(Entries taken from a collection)
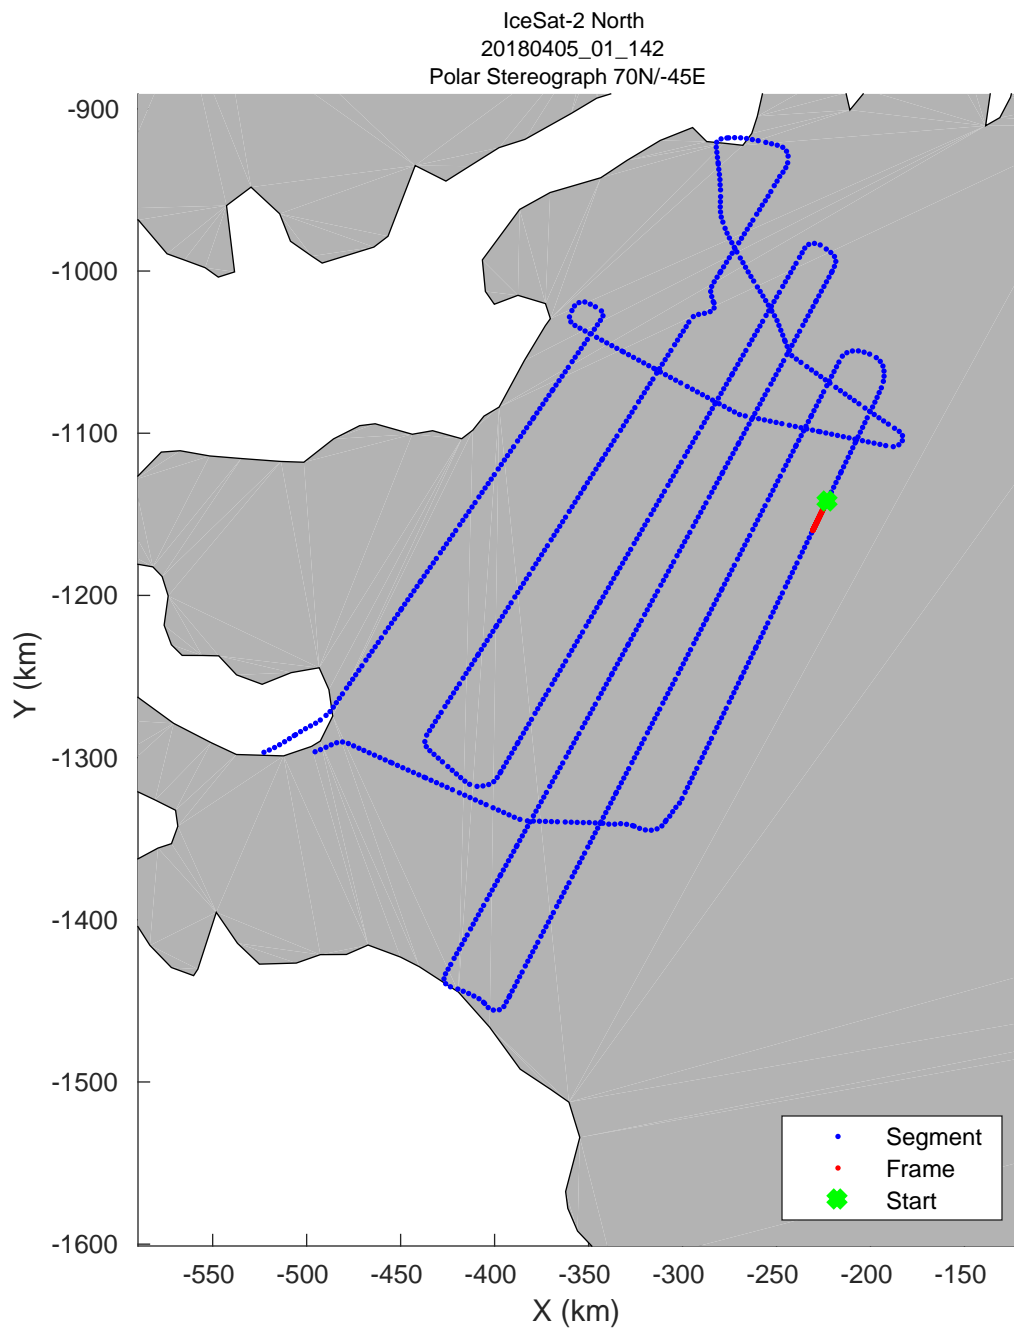

accum 2018_Greenland_P3: "IceSat-2 North" 20180405_01_135: 16:52:17.8 to 16:54:43.2 GPS

accum 2018_Greenland_P3: "IceSat-2 North" 20180405_01_136: 16:54:43.7 to 16:57:16.8 GPS

accum 2018_Greenland_P3: "IceSat-2 North" 20180405_01_137: 16:57:17.3 to 16:59:54.6 GPS

accum 2018_Greenland_P3: "IceSat-2 North" 20180405_01_138: 16:59:55.0 to 17:02:31.6 GPS

accum 2018_Greenland_P3: "IceSat-2 North" 20180405_01_139: 17:02:32.0 to 17:05:07.1 GPS

accum 2018_Greenland_P3: "IceSat-2 North" 20180405_01_140: 17:05:07.5 to 17:07:38.9 GPS

accum 2018_Greenland_P3: "IceSat-2 North" 20180405_01_141: 17:07:39.3 to 17:10:11.9 GPS

accum 2018_Greenland_P3: "IceSat-2 North" 20180405_01_142: 17:10:12.3 to 17:12:44.6 GPS

accum 2018_Greenland_P3: "IceSat-2 North" 20180405_01_143: 17:12:45.0 to 17:15:16.9 GPS
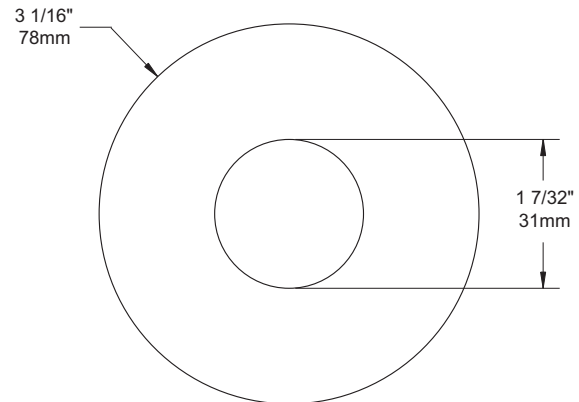

TRIM FINISHES

-01 WHITE	-04BR BRUSHED CHROME	-08 ANTIQUE SILVER
-02 BLACK	-05 ARCHITECTURAL BRONZE	-11 MATTE WHITE
-03 24K GOLD	-06 ANTIQUE COPPER	-12BR BRUSHED NICKEL
-04 CHROME	-07 ANTIQUE BRASS	-13 SATIN NICKEL
		-14 ALMOND

Unless otherwise indicated, trims are for **interior use only**. For exterior use and up to wet conditions, **MARINE GRADE** treatment is **recommended**. Available for finishes -01, -02, -05, -06, -11 and -14 only.

MADE IN CANADA

UL
LISTED
Certified UL Standards

Project _____

Representative _____

CONTRAST
LIGHTING

1009, rue du Parc Industriel, Saint-Jean-Chrysostome, Qc, CAN G6Z 1C5 Tel.: 1-888-839-4624 Fax : 1-877-839-7057
info@contrastlighting.com
www.contrastlighting.com

APRIL 2010
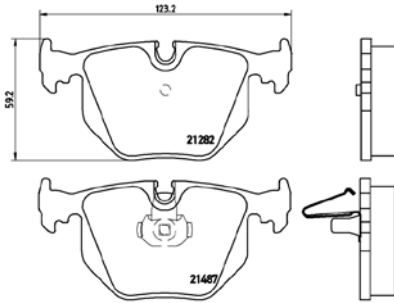

TMD Number: 2148703

[o] W 123,2 x H 59,2

Model & Derivative	Year	Position
BMW		
M5 E39 Series	99-03	Rear
M5 SMG E39 Series	99-03	Rear
X3 2.0D E83 Series	04-07	Rear
X3 2.0D E83 Series	07-09	Rear
X3 2.0D X-Drive E83 Series	08on	Rear
X3 2.0i E83 Series	05-09	Rear
X3 2.0i X-Drive E83 Series	08on	Rear
X3 2.5 Si E83 Series	07-09	Rear
X3 2.5i E83 Series	04on	Rear
X3 3.0 SD E83 Series	06on	Rear
X3 3.0 Si E83 Series	07-09	Rear
X3 3.0D E83 Series	04on	Rear
X3 3.0D X-Drive E83 Series	08on	Rear
X3 3.0i E83 Series	04-06	Rear
X3 3.0i X-Drive E83 Series	08on	Rear
X5 3.0D E53 Series	01-03	Rear
X5 3.0D E53 Series	03on	Rear
X5 3.0i E53 Series	00-07	Rear
X5 4.4i E53 Series	00-03	Rear
X5 4.4i E53 Series	03on	Rear
X5 4.6iS E53 Series	02on	Rear
X5 4.8iS E53 Series	04on	Rear
Z4 Series E85 3.2 Manual	06on	Rear
Z4 Series E86 3.2 Manual	06on	Rear
laNDroVer		
Range Rover III 3.0 TD 6	02on	Rear
Range Rover III 3.6 TD V8	06on	Rear
Range Rover III 4.2i V8 Sport	05on	Rear
Range Rover III 4.4 V8	02on	Rear
Range Rover III 4.4i V8 Sport	07on	Rear
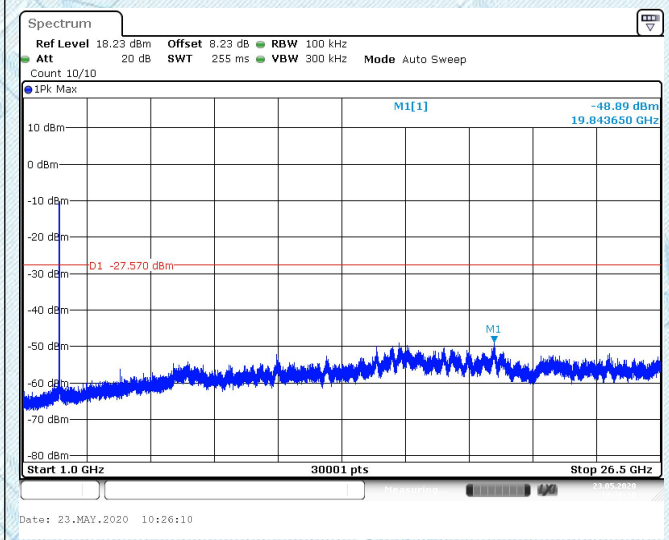

Date: 23.MAY.2020 10:13:52

Date: 23.MAY.2020 10:14:20

802.11g

CH01-Bandedge

CH11-Bandedge

802.11g

CH01-SE

CH06-SE
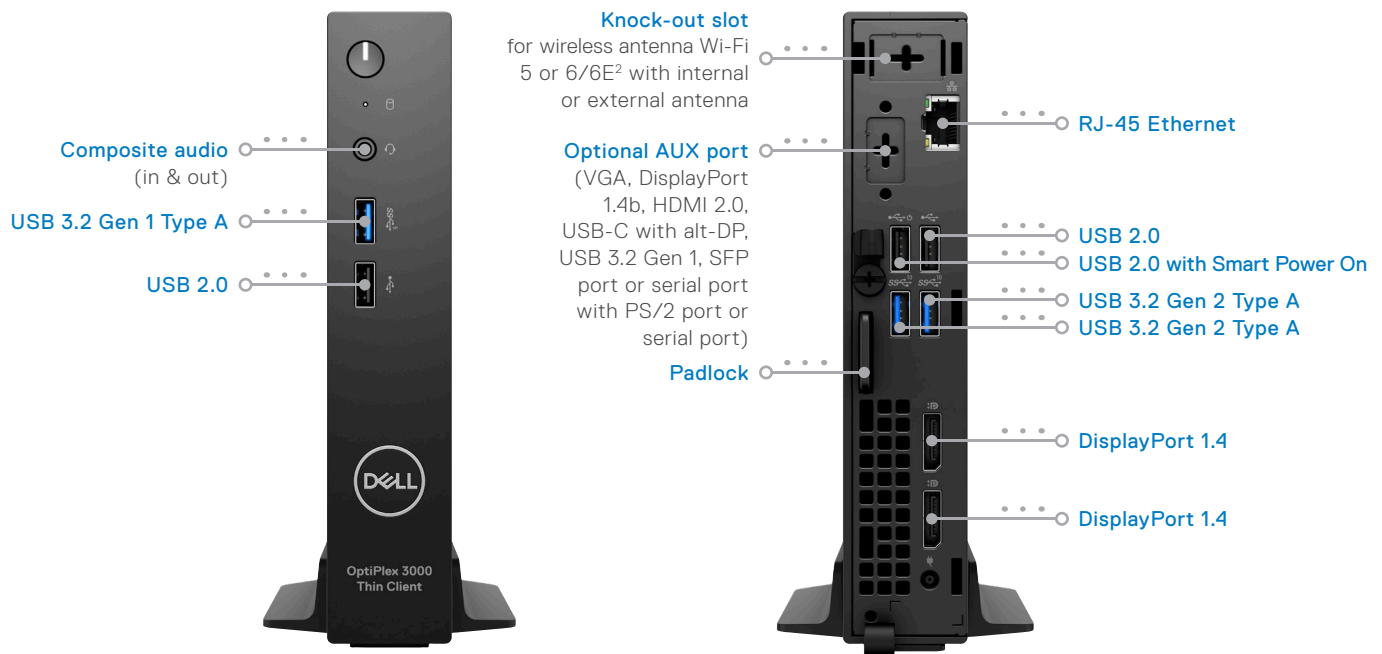

3000 Thin Client

TECHNOLOGY THAT REVOLVES AROUND YOU

The most secure¹ and versatile thin client, now designed by OptiPlex, the trusted name in desktop innovation for 29 years.

Built with Intel® Celeron and Pentium Quad Core™ processors (Celeron N5105 2GHz/2.9GHz and Pentium N6005 2GHz/3.3GHz Quad Core)

Three OS options:

Dell ThinOS, Ubuntu Linux 20.04 with Dell Hybrid Client or Windows 10 IoT Enterprise LTSC 2021⁴ and hybrid cloud management with Wyse Management Suite Pro.

Ultra-compact 1.2L desktop thin client, vertical **fan-less** orientation for a quiet, durable computing experience

Up to **16GB DDR4 2933MHz memory**, 32GB eMMC flash storage with optional 256GB PCIe SSD

Up to **three 4K displays @60Hz⁷** with 2 native DisplayPort™ 1.4 interfaces and optional DP 1.4b, HDMI 2.0 or USB-C with alt-DP or VGA

Networking connectivity options include optional **Intel® Wi-Fi 6/6E AX210 (6GHz band)²** as well as wired Ethernet and optional **SFP²**

Long lifecycle with **3-year next business day warranty**

Optimize comfort and productivity with OptiPlex Micro stands and mounts

- _Work order_
Where does the word "Drive" occur in the records? Return every line that holds it.

- _Answer box_
X3 2.0D X-Drive E83 Series	08on	Rear
X3 2.0i X-Drive E83 Series	08on	Rear
X3 3.0D X-Drive E83 Series	08on	Rear
X3 3.0i X-Drive E83 Series	08on	Rear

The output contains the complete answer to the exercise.